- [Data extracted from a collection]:
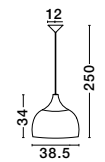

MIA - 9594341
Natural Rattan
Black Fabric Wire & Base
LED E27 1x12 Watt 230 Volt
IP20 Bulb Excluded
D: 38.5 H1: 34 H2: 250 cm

* * *

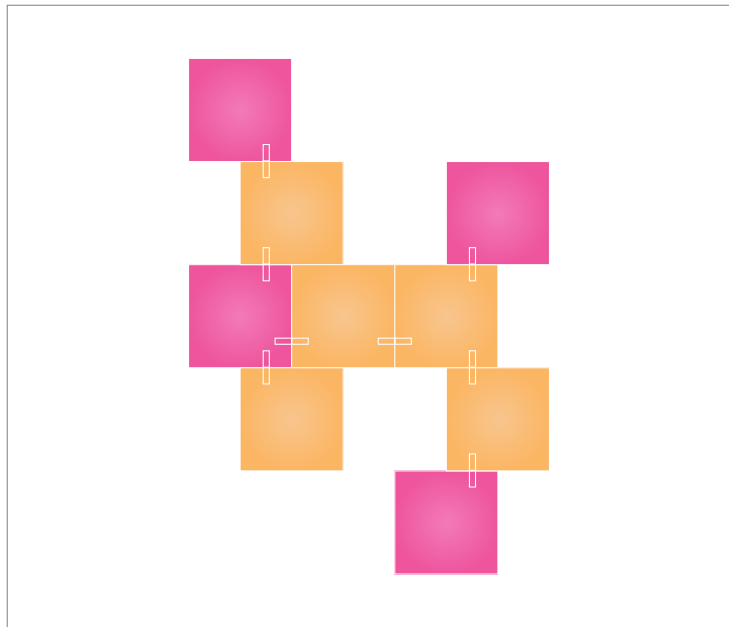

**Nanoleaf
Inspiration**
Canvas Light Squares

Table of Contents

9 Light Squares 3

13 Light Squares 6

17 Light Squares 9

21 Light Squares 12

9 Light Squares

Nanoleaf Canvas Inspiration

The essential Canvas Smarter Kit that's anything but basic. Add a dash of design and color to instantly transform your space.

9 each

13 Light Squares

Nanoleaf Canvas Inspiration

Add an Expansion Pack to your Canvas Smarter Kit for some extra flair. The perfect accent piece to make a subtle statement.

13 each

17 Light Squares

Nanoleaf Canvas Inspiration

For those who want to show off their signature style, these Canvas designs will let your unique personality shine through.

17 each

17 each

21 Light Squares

---

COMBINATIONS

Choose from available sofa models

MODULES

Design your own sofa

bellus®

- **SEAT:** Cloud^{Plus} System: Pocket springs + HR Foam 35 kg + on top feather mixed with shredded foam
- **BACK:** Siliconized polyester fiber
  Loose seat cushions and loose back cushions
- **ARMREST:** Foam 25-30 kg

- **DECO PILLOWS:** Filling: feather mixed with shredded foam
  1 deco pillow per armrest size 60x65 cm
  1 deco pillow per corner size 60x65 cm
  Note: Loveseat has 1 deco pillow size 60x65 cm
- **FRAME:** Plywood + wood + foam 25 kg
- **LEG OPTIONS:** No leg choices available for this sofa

- [What to produce]:
Given the records above, reproduce precisely and only the lines between the line holding "- **ARMREST:** Foam 25-30 kg" and the line holding "- **LEG OPTIONS:**", inclusive.

- [Exercise answer]:
- **ARMREST:** Foam 25-30 kg

- **DECO PILLOWS:** Filling: feather mixed with shredded foam
  1 deco pillow per armrest size 60x65 cm
  1 deco pillow per corner size 60x65 cm
  Note: Loveseat has 1 deco pillow size 60x65 cm
- **FRAME:** Plywood + wood + foam 25 kg
- **LEG OPTIONS:** No leg choices available for this sofa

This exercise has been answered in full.